Destaque semanal para o texto que Nuno Crato escreveu no blogue Passeio Aleatório, do Expresso, também publicado na edição de imprensa de 28 de Novembro.
O chocolate faz bem — é o que se tem concluído de há algum tempo a esta parte a partir de várias investigações feitas por nutricionistas e fisiólogos. Ou seja, como gostam algumas pessoas de dizer, “a ciência diz que o chocolate faz bem”. Os gulosos ficam contentes.
Chegou-nos há dias mais uma notícia desse género. Investigadores suíços e alemães publicaram no “Journal of Proteome Research”, da sociedade norte-americana de química, um artigo sobre os efeitos metabólicos do chocolate, realçando os seus resultados benéficos para o organismo.
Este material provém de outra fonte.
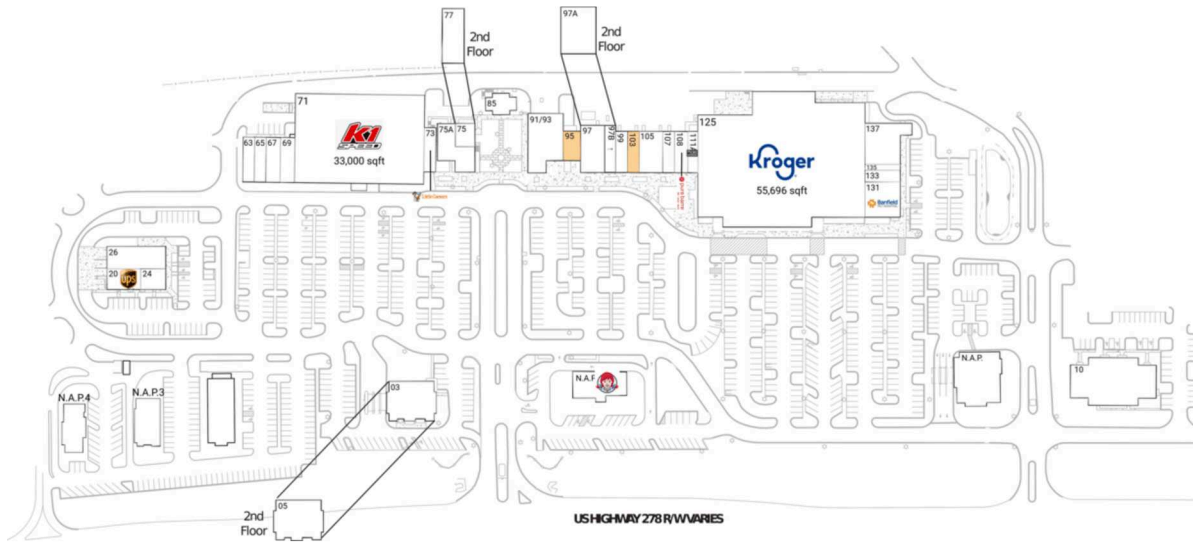

# Belfair Towne Village

Hilton Head Island-Bluffton, SC

32.2674, -80.8583  
63-145 Towne Drive | Bluffton, SC 29910

1822

## Available Space

95	1,500 SF
103	1,400 SF

## Current Retailers

N.A.P.	Liberty Savings Bank	0 SF
N.A.P.1	Wendy's	0 SF
N.A.P.3	American Bar & Grill	0 SF
N.A.P.4	N.A.P.	0 SF
03	National Bank Of South Carolina	5,039 SF
05	Robinson Grant & Co.	5,787 SF
10	SJC Medical Group	15,749 SF
20	The UPS Store	2,000 SF
24	Panda Chinese Restaurant	1,500 SF
26	Ruan Thai II, LLC	3,800 SF
63	Geico Insurance	1,500 SF
65	Chill N Nitrogen Ice Cream	1,500 SF
67	Charles Schwab	1,875 SF
69	Fyzical Therapy & Balance Centers	1,875 SF
71	K1 Speed	33,000 SF
73	Little Caesars Pizza	1,500 SF
75	Steve Helwig & Associates Allstate Insurance	1,137 SF
75A	Intrepid USA Healthcare & Hospice	3,294 SF
77	Law Office Of Delighla Brehm, LLC	1,600 SF
85	Olive The Above	2,500 SF
91/93	Truffles Cafe	5,360 SF
97	Mobility City	2,718 SF
97A	Harbor Light Insurance	2,491 SF
97B	Prime IV Hydration & Wellness	1,500 SF
99	Cuticles	1,299 SF
105	Belfair Fine Wine & Spirits	2,800 SF
107	New York City Pizza	1,400 SF
108	Pure Barre	1,600 SF
111A	The Joint Chiropractic	1,200 SF
125	Kroger	55,696 SF
131	Banfield Pet Hospital	3,600 SF
133	Amigos Belfair	1,200 SF
135	Carolina Optical	600 SF
137	EFit Club	4,390 SF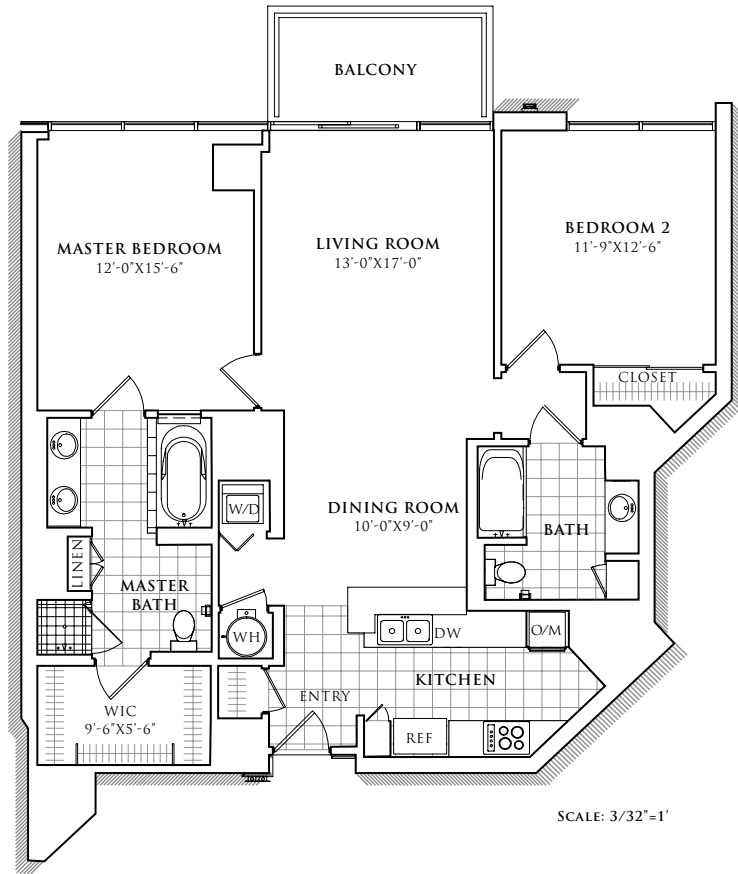

RESIDENCE 304 - 1804

SCALE: 3/32"=1'

1,240 SQUARE FEET  
2 BEDROOMS  
2 BATHROOMS

The builder reserves the right to change floor plans, elevations specifications and prices without notice. Floor areas are based upon the architect's measurement from CAD drawings. The Purchaser is responsible for satisfying themselves as to the residence layout & floor area. All renderings, floor plans, models & maps are artist's conceptions and are not intended to be an actual depiction of the project in any aspect. Floor plans vary. If you have any questions regarding the above, please discuss it with your Sales Associate/Representative.

Na realidade, dizer que “o chocolate faz bem” é muito pouco. Os investigadores têm sido e são muito mais específicos, caracterizam o tipo de chocolate e explicam quais são os seus efeitos em alguns aspectos do nosso metabolismo e para determinadas quantidades do produto. Há, como se sabe, vários tipos de chocolate. Há o dito chocolate escuro, ou negro, que é aquele que tem sido estudado, pois os outros, como o dito “branco” e o dito “de leite”, contêm percentagens elevadas de gordura animal. O negro não pode conter leite e, de acordo com as directivas comunitárias, terá de ter pelo menos 35% de sólidos de cacau; o remanescente costuma ser manteiga de cacau e açúcar.
Os autores do recente estudo deram 40 gramas diários de chocolate negro com 74% de sólidos de cacau durante 14 dias a um grupo de 30 pessoas. As pessoas, de idades entre os 18 e os 34 anos, tinham antes sido sujeitas a um questionário feito por psicólogos e revelavam traços de ansiedade, de moderada a elevada. A sua escolha foi feita de forma aleatória, de entre um grupo numeroso de pessoas saudáveis na mesma faixa etária. O que se analisou foram fluidos biológicos dos sujeitos (urina e plasma sanguíneo) em três ocasiões: antes do início do teste, passada uma semana e no fim das duas semanas. Na semana antes do teste, os voluntários abstiveram-se de ingerir chocolate.
Os fluidos biológicos dos sujeitos do estudo foram analisados com técnicas de Ressonância Magnética Nuclear (NMR) e de Espectroscopia de Massa (MS), que permitiram detectar modificações significativas nas componentes dos fluidos. Os investigadores concluíram que o chocolate tem alguma influência positiva no metabolismo humano, actuando por via da actividade da flora bacteriana intestinal e reduzindo as ditas hormonas de stress e outros elementos associados à ansiedade.
A análise estatística dos resultados é igualmente sofisticada e completa. Além de técnicas de análise estatística multivariada, foram feitos vários testes de significância que concluem pela existência de modificações no metabolismo dos sujeitos de estudo.
Depois de tudo isto, os investigadores escrevem as suas conclusões introduzindo muitas reticências. Dizem que o estudo “apoia a ideia de…” e falam de “efeito potencial”. Ficámos a saber um pouco mais sobre algumas consequências positivas do consumo de certo tipo de chocolate para o metabolismo das pessoas ansiosas, mas nada mais do que isso. É pouco, mas é o resultado de muito trabalho, com métodos muito rigorosos. Lendo estes estudos fica-se ainda mais céptico sobre as conclusões precipitadas que por vezes se tiram sobre fenómenos ainda mais complexos, tais como os métodos de ensino ditos revolucionários ou a influência da tecnologia na vida das sociedades. A verdadeira ciência é sempre uma lição de modéstia.